Students work during a Steps-to-College class on UNG's Gainesville Campus in June 2018.

High school students whose native languages include Spanish, Chinese, French, and Vietnamese practiced their English skills and earned course credit during a summer enrichment program at the University of North Georgia (UNG).

UNG’s Gainesville and Cumming campuses hosted the Steps-to-College summer enrichment program in partnership with the Gainesville City and Hall, Forsyth and Banks County school systems. About 90 rising high school sophomores through seniors met for five hours four days a week for a month.

Offered courses included civics, economics and college study skills. Each student took one class.

Funded by a state grant and the Goizueta Foundation, the program began in 1999 at then-Gainesville College after a request from local high schools.

Harriett Allison, associate professor of English as a Second Language (ESL) at UNG and director of ESL and summer programs, was instrumental in launching the program and said the half-unit courses help students catch up or get ahead, allowing them to graduate on time.

Juan Valdez, a rising senior at Chestatee High School, said condensing a semester-long class into a month saves time that students can use to work jobs later.

“You learn a lot in a little bit of time,” Valdez said.

A teacher’s assistant for Steps-to-College, Myles Mann said the flexibility and freedom of being on a college campus appealed to the students. He received his master’s degree in international affairs from UNG in May 2018 and has a bachelor’s degree in world history.

2018 Steps to College 2

Steps-to-College Director Lisa Diehl said the exposure to college is a vital component, as teachers encouraged students every day to plan for attending college or a technical school.
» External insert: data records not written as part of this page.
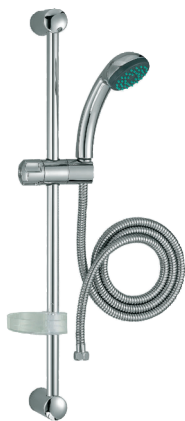

E14320

Collection : ECO

Couleur\* :

CP - Chrome

Principaux atouts :

### Caractéristiques techniques

- Ensemble de douche avec barre de 0,60 m, flexible métallique double agrafage de 1,75 m et douchette à main monojet anti-calcaire

Description : Ensemble barre de douche. E14320. Collection : ECO. Ensemble de douche avec barre de 0,60 m, flexible métallique double agrafage de 1,75 m et douchette à main monojet anti-calcaire.
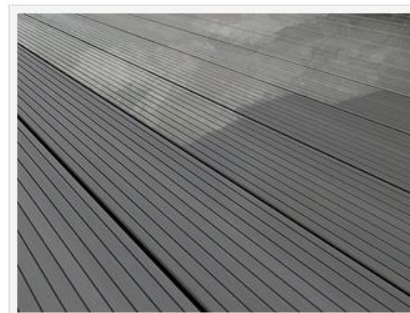

JEUDI 16 AVRIL 2015

Protection des bois composites

J'aime 37 personnes aiment ça.

Les plages de piscines en bois composites ont besoin d'entretien et de protection. Les produits de gamme Compo de Owatrol sont faciles d'application et peuvent également convenir au mobilier de jardin de même composition.
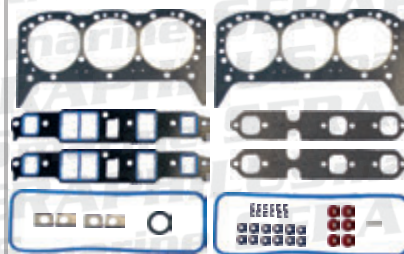

BRTVE MOTORA

3.0 L4

4.3 V6

SET brtvi gornjeg dijela

Set ne uključuje brtvu usisno-ispušnog kolektora 05003

REC17200 135,00 €

Brtva bočnog poklopca podizača 18950

REC17903 40,00 €

Brtva poklopca ventila 17139

REC17900 35,00 €

SET brtvi gornjeg dijela

PreVortec od 1988 do 1996 18822

REC17211 350,00 €

Vortec od 1997 do 2023 08241

REC17211VOR 315,00 €

Uključuje brtve glave, usisnog i ispušnog kolektora, poklopca ventila i gumice ventila

SET brtvi donjeg dijela

Uključuje brtvu kartera, prednji i zadnji semering radilice i sve ostale brtve donjeg dijela.

Zadnji semering iz 2 dijela i brtva kartera iz 4 dijela.

**07839
REC17100
95,00 €**

Zadnji semering iz 1 dijela i brtva kartera iz 1 dijela.

**04352
REC17102
150,00 €**

SET brtvi donjeg dijela

Uključuje brtvu kartera, prednji i zadnji semering radilice i sve ostale brtve donjeg dijela.

Zadnji semering iz 2 dijela i brtva kartera iz 4 dijela.

**13274
REC17110
110,00 €**

She said giving students the confidence that they can be successful in college goes a long way in getting them to keep pursuing their education.
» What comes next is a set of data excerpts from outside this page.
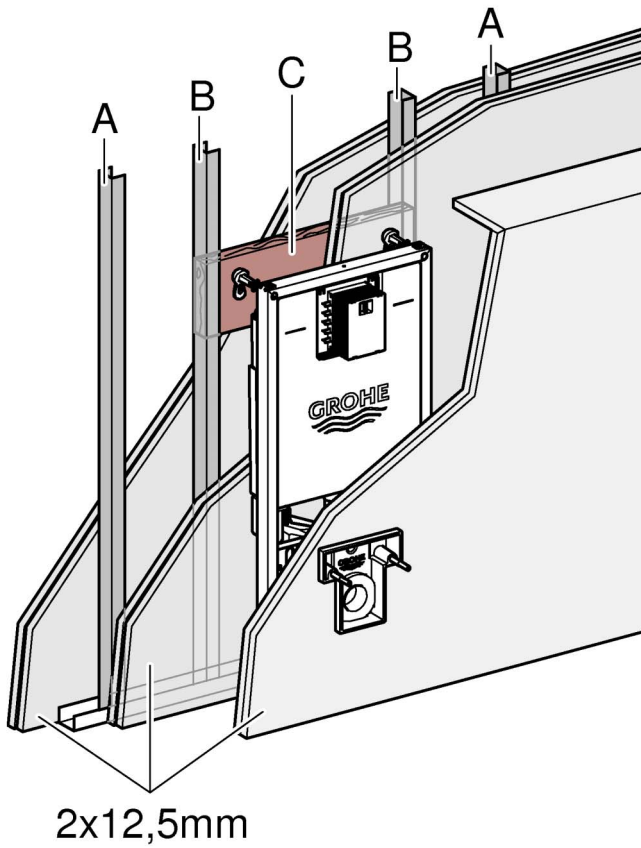

DIN  
1988

DIN EN  
806

2x12,5mm

2x12,5mm

2x12,5mm

A	B	C
50x50x0,6	50x40x2	300x620x24
75x50x0,6	75x40x2	

3

4

	X	Y	Z
	81mm	58mm	18mm

4

38 629

39 607

38 558

38 733

37 131

Pure Freude  
an Wasser

“It’s getting them to think about what they want to do,” said Diehl, lecturer of English at UNG.

Ernest Moore, a Lanier Technical College instructor who taught economics as part of Steps-to-College, said the program provided something constructive for students in the summer. He was blown away by his pupils.

“They’re eager to learn,” Moore said. “They’re easy to get along with.”
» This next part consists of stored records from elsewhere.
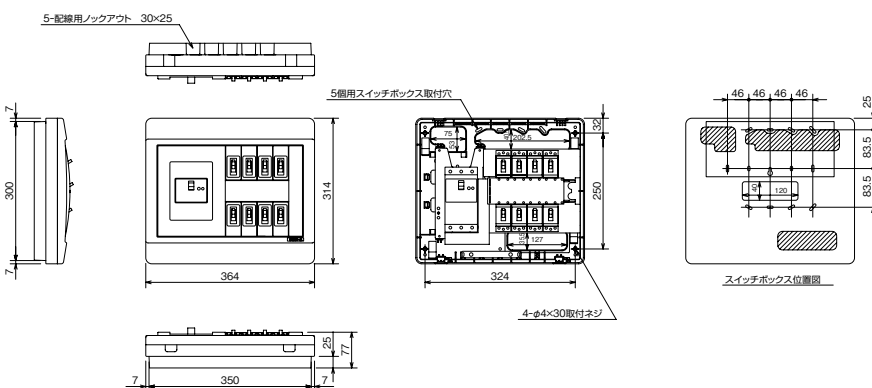

生産終了品 外形寸法図

43 VLG3522-2、VLG3622-2、VLG3722-2

44 VLG3526-2、VLG3626-2、VLG3726-2

45 VG3304-2、VG3404-2、VG3504-2、VG3604-2

46 VG3306-2、VG3406-2、VG3506-2、VG3606-2

スタンダード

オール電化対応

発電システム対応

機能付

EV/PHV回路付

官公庁対応

WHMボツクスの他

毒分岐ブリーカ錠

オプション

資料

外形寸法図

He said building a team atmosphere was crucial. When that happens, “they don’t want to let each other down.”

Dennys Espinoza, a rising sophomore at Banks County High School, first found out about the program in eighth grade. Making friends, learning and being exposed to a college campus have all been perks of Steps-to-College for her.

“It gives you lots of opportunities,” Espinoza said.

Aaron Hubbard, who plans to graduate from UNG in fall 2019 with a bachelor's degree in sociology and a minor in Spanish, said being a teacher’s assistant for the program helped him learn how to educate students. He also works in the language lab on the Dahlonega Campus.

An international lunch was held June 29 to celebrate the end of the month-long program. Everyone brought food, with students chipping in something that was reflective of their cultural background. Games and movies were also a part of the final-day celebration festivities.